元々は豊岡市総合計画・平成24年~26年にある、『3 持続可能な「力」を高めるまち 3-1 地域経済を元気にするまちづくり』の中の【山陰海岸ジオパーク推進事業(竹野:過疎地域戦略プロジェクト)】で、平成24年度からの3か年予算総額6070万円の事業の一部として行われています。自然体験プログラムを行う「たけのスタイル推進協議会」(事務局は(株)北前館<豊岡市の第三セクター>)が主体となって活動を行っており、複数の宿泊施設や体験施設が豊岡市とタッグを組んでカヌー事業を展開し、官と民とが手を取り合って上手く運営なさっています。メディア宣伝についても豊岡市商工会がバックアップし、ガイドブック、テレビ、新聞、雑誌など、あらゆる方面に出して効果を上げています。
ここに参加している民宿よどやさんはこのジオカヌーと海の家メリの展開をきっかけに業績を伸ばし、各メディアからの取材も多く、豊岡市内では人気の民宿になっています。
この竹野ジオカヌーは美しい海岸線をガイドと一緒にカヌー体験しながら見てもらうアクティビティ。今まで景勝地として活用してこなかった場所、特にカヌーでしか入れないような洞門などに行き、そこでスノーケリングなども行うアクティビティに育てているのが特徴です。
山陰海岸ジオパークのエリア内では元々、先駆的な事業として鳥取県岩美町の渚交流館でのシーカヤック事業が行われており、竹野ジオカヌーがスタートしてから、香美町でも香住ジオカヤッククラブができるなど、シーカヤック事業が飛躍的に伸びています。

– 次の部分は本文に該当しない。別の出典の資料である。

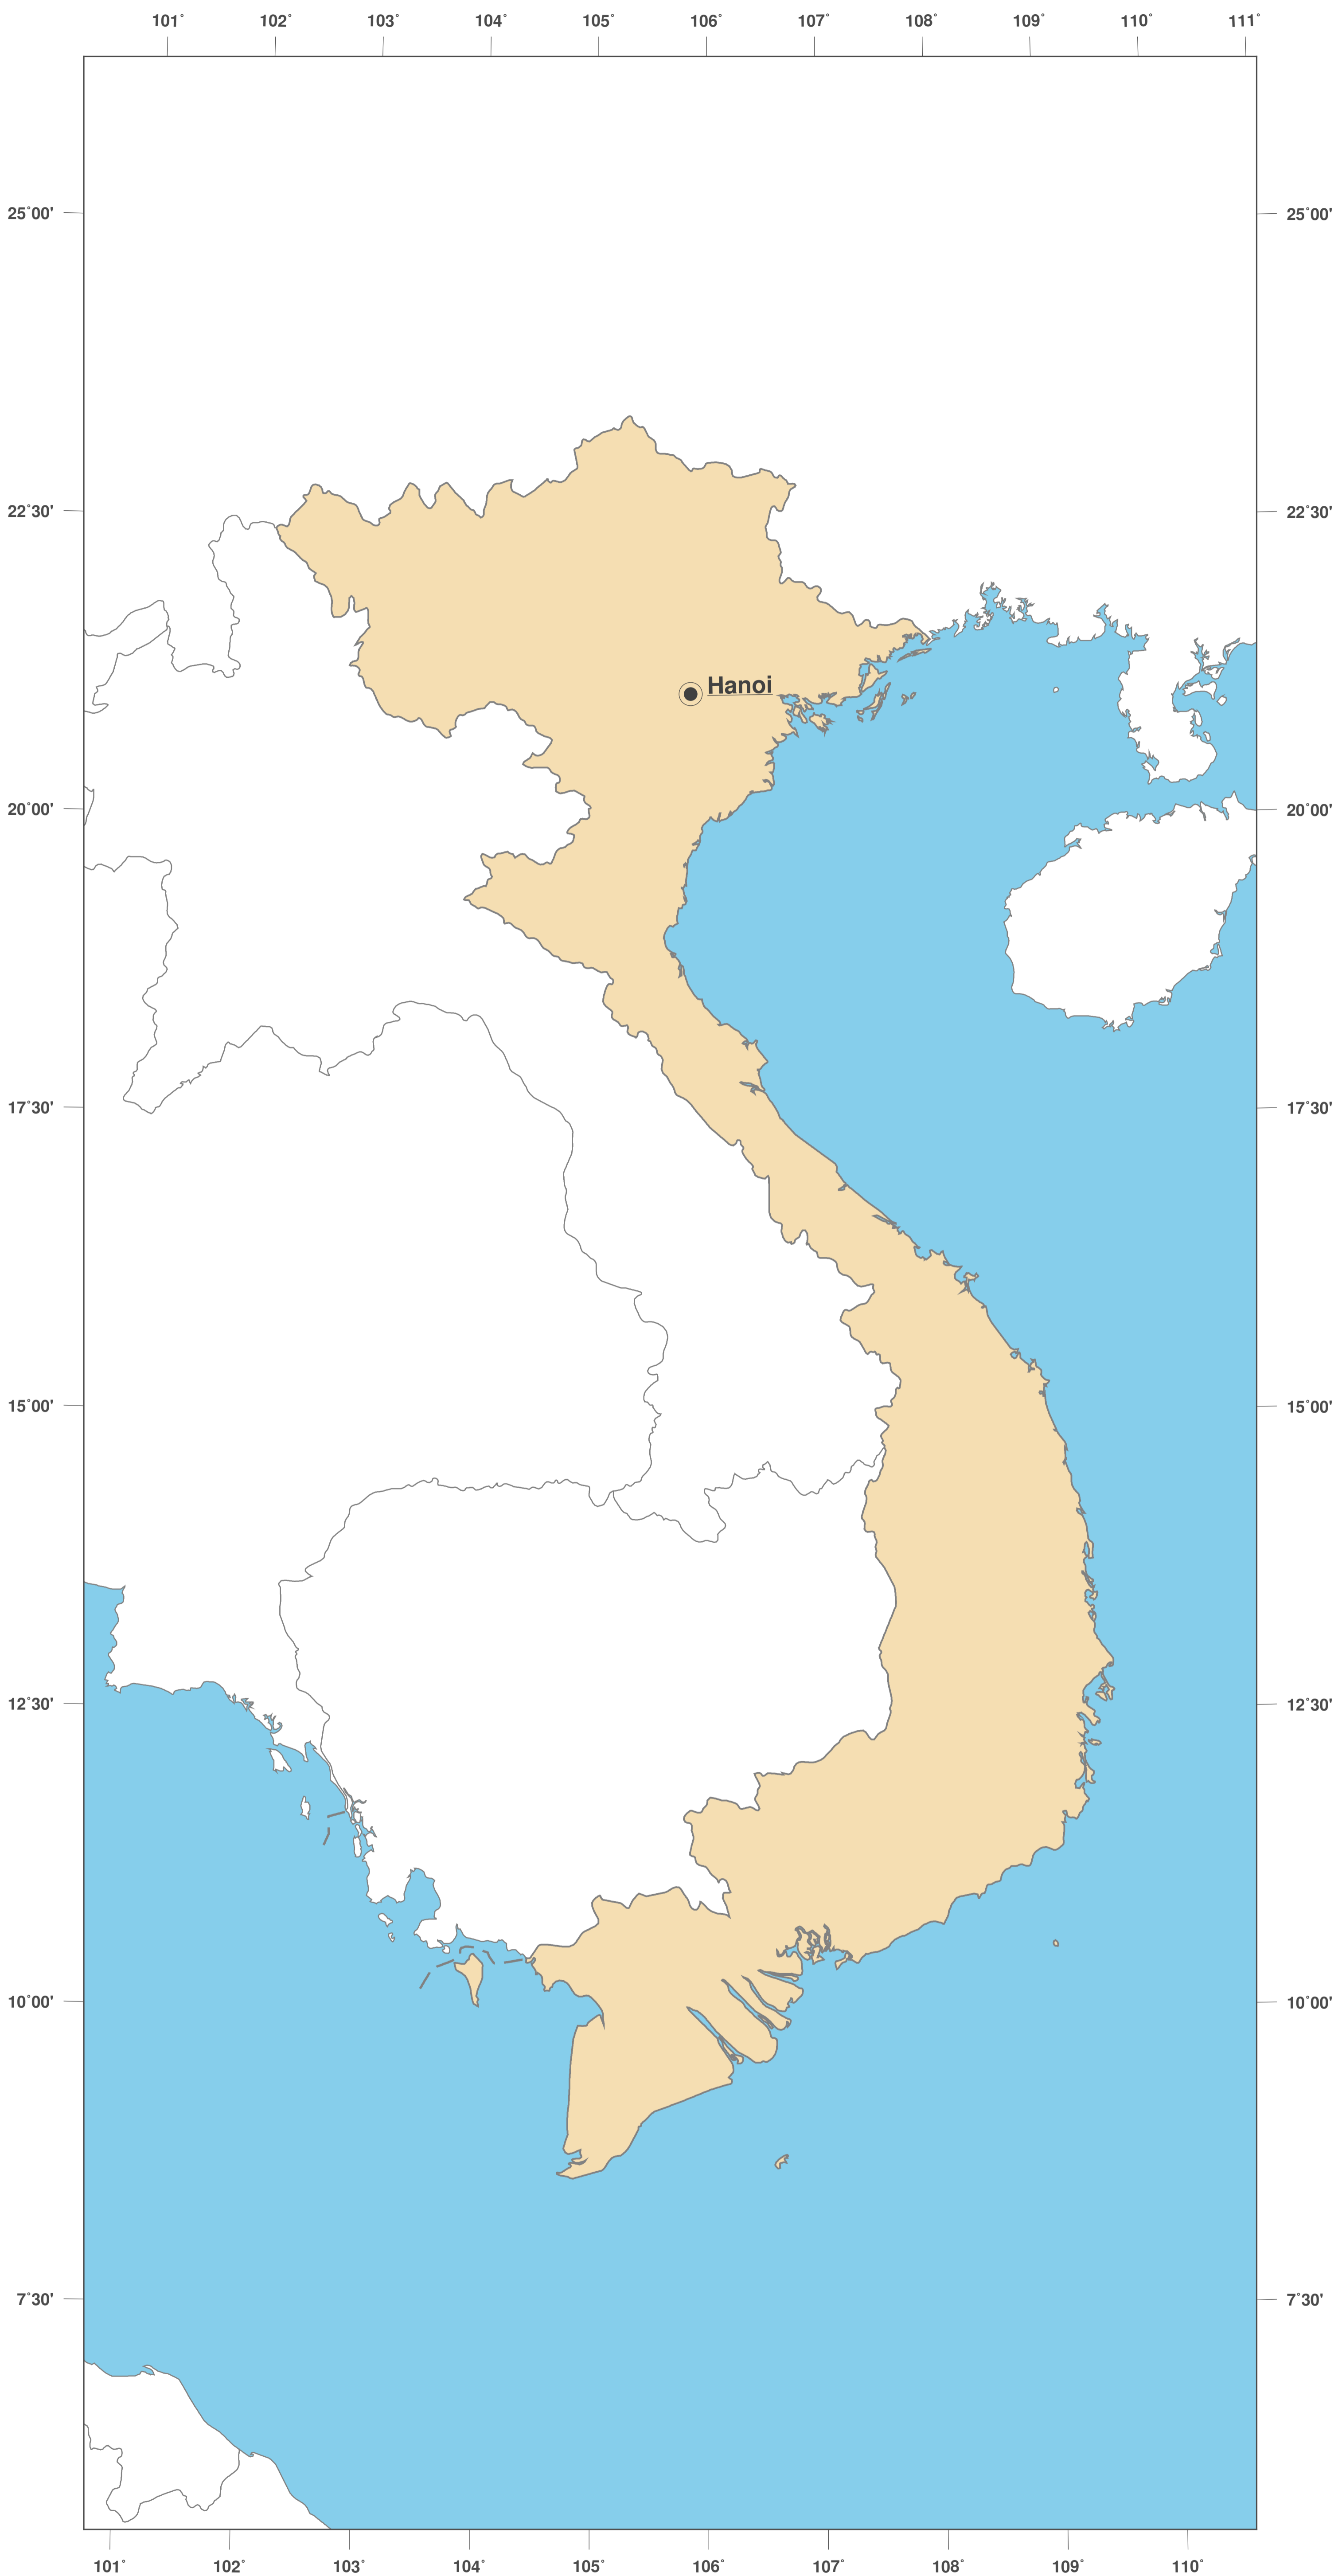

# Vietnam: Mapa mudo II

**GINKGO  
MAPS**

**Licencia del mapa:**

Este mapa posee la licencia de reconocimiento de CC-BY-3.0 (<http://creativecommons.org/licenses/by/3.0/deed.es>). Por favor, cite el proyecto de GinkgoMaps como fuente y cree un enlace (<http://www.ginkgomaps.com>).

**Parámetros y datos empleados:**

Proyección del Mapa: Lambert (equivalente); Centro: lat 15.97° lon 105.81°; Datos visualizados: Datos vectoriales: fronteras políticas procedentes de Natural Earth (<http://www.naturalearthdata.com>)
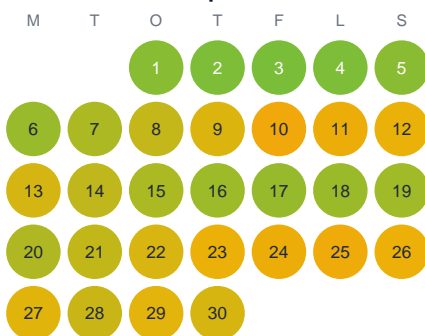

Huggtabell 2026 — Hesjön

Hesjön · Kalmar · huggtabell.se · modell v1 (2026-06)

Januari

Februari

Mars

April

Maj

Juni

Juli

Augusti

September

Oktober

November

December
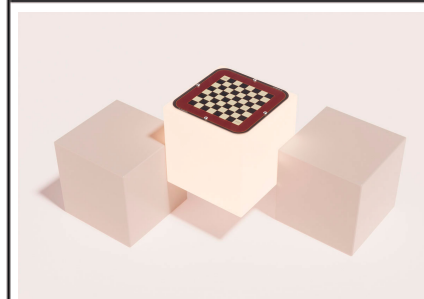

A S U A B G 9 6 S . L
Calle Sangroniz 2. 48150. Sondika. Bizkaia
T.94 471 06 13 info@gitma.es WSP.605 700 037

Ocio Urbano
Juegos de mesa para parques

Juegos de mesa para parques M2
GOEMM2

Características técnicas:
Material: Polietileno+Cristal laminado templado
Superficie: 1,67 m2
Diseño: Gitma-Área de diseño

Descripción:

Módulo M2 fabricado en polietileno urbano de alta resistencia con cristal laminado templado antivandálico, ideal para uso exterior. Mesa para 2 personas con juego incorporado y luminaria para facilitar el juego nocturno. Mobiliario urbano accesible, seguro y sostenible, diseñado para fomentar la interacción social y el ocio inclusivo en espacios públicos y comunitarios.. Solucion de equipamiento urbano para espacios publicos.El equipamiento urbano Juegos de mesa para parques M2 de Gitma esta orientado a juegos de mesa para parques, con enfoque en durabilidad y mantenimiento eficiente.
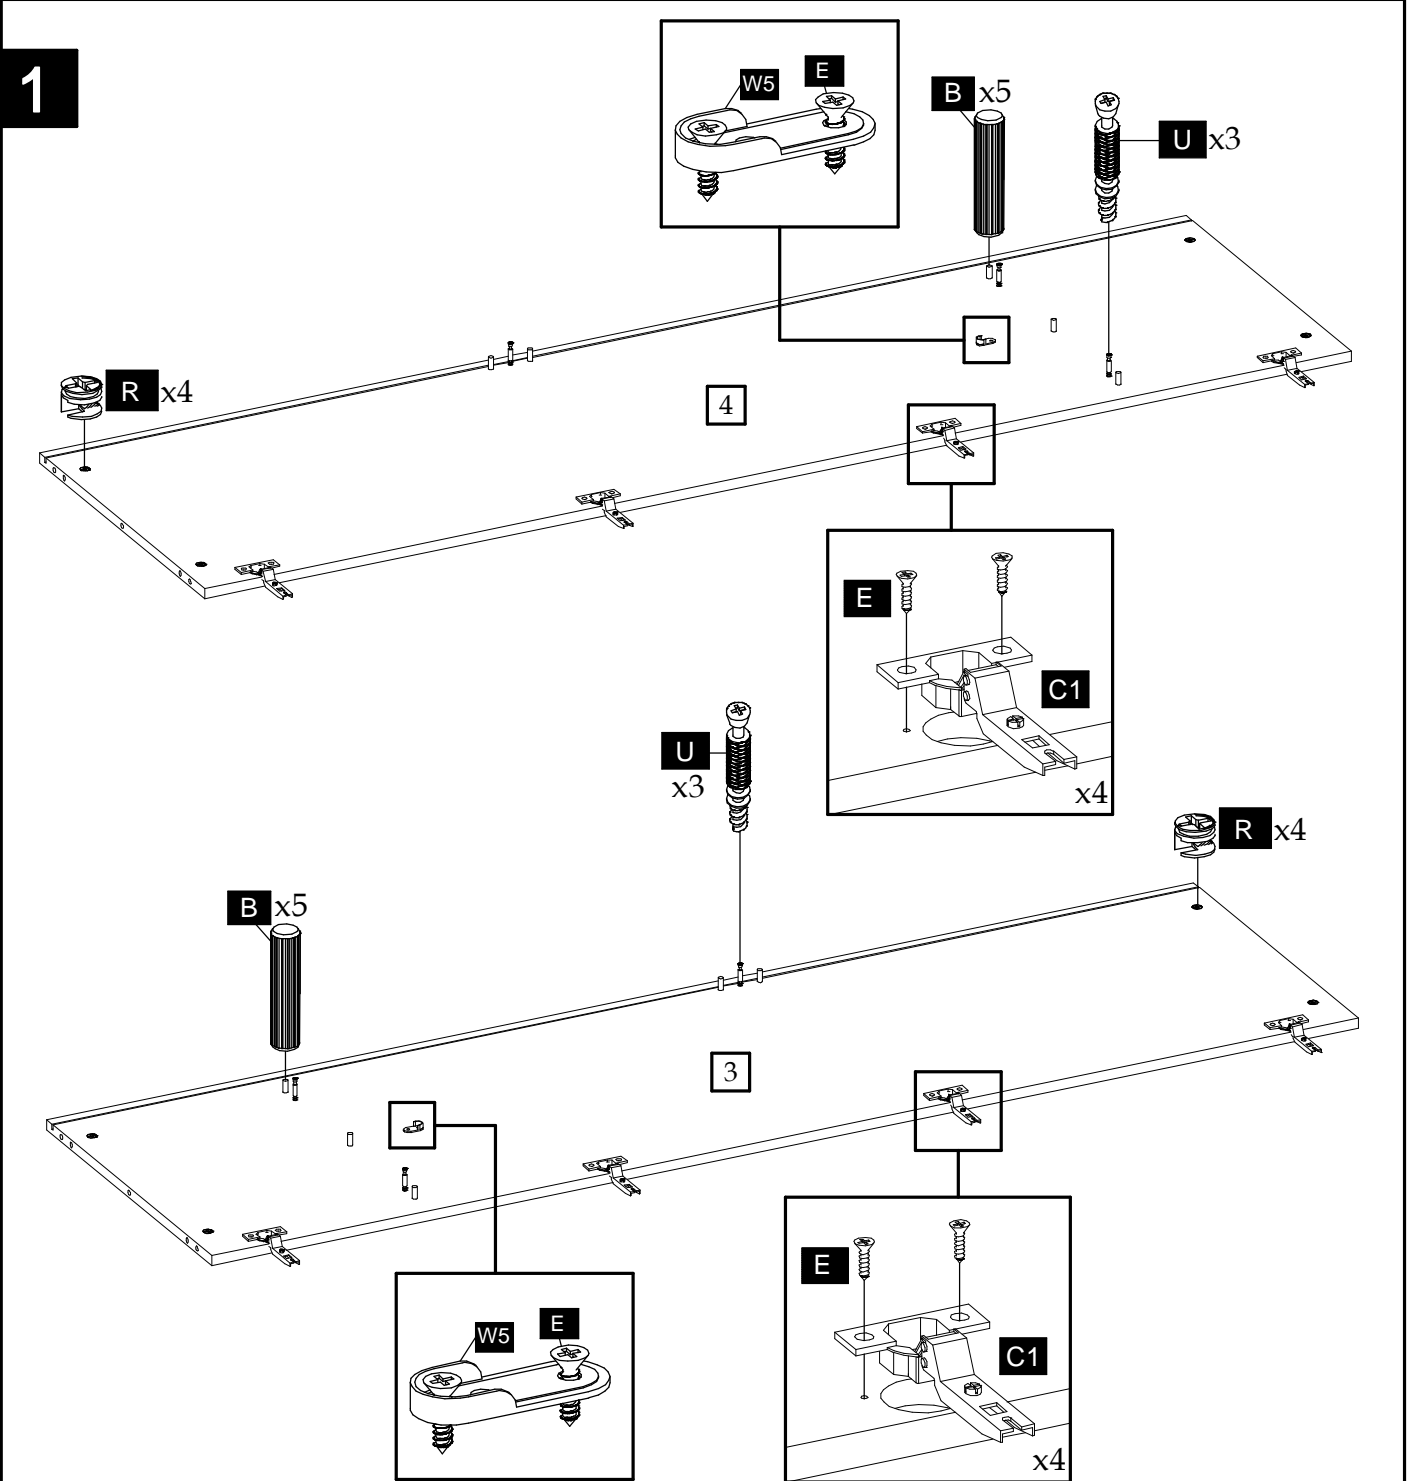

## Typ F

Element symbol	Measurements				Code	Paket
1	900	560	22	1	1002	1/3
2	900	560	22	1	1003	1/3
3	1885	540	16	1	1004	1/3
4	1885	540	16	1	1005	1/3
5	863	519.5	16	1	1022	1/3
6	863	96	16	1	1025	1/3
7	1899	438	3	2	N/A	2/3
8	1879	444	19	1	3021	2/3
9	1879	444	19	1	3022	2/3
10	250	135	19	2	3026	2/3
11	285	250	4	2	N/A	3/3

3

4

5

6

7

8

カヌーでの問題点は、夏に南風が強烈に吹くと沖へ流されたり、意図しない海流にのってしまい、出発地点に帰れなかったりすること。全国のシーカヤック業者の中には、出発地点に還れず、海上保安庁の船が出動するなどの安全面での問題も聞きますし、漁場や遊覧船のコースとカヌーのコースが重なっている場合は、浅海漁師とのトラブルや遊覧船とのトラブルも聞きます。カヤックの需要が高まると、運用面、安全面でのケアが大事になってくると思います。ダイビングと同様、カヌーの指導者は民間資格ですから、どこまで指導能力が担保されているのかも気になるところです。「保険に入ってるから、安全は担保されている」と実際に山陰海岸ジオパーク内で活動するカヌー運営者から聞いたことがあります(竹野ではありません)。保険は最低条件で、どのような指導と安全管理が行われているかが、事故などで訴訟になった際には非常に問題となってきます。新しい事業なだけに、今後の運用面・安全面、そしてリピーターが継続してくるのかどうかの事業継続に注目です。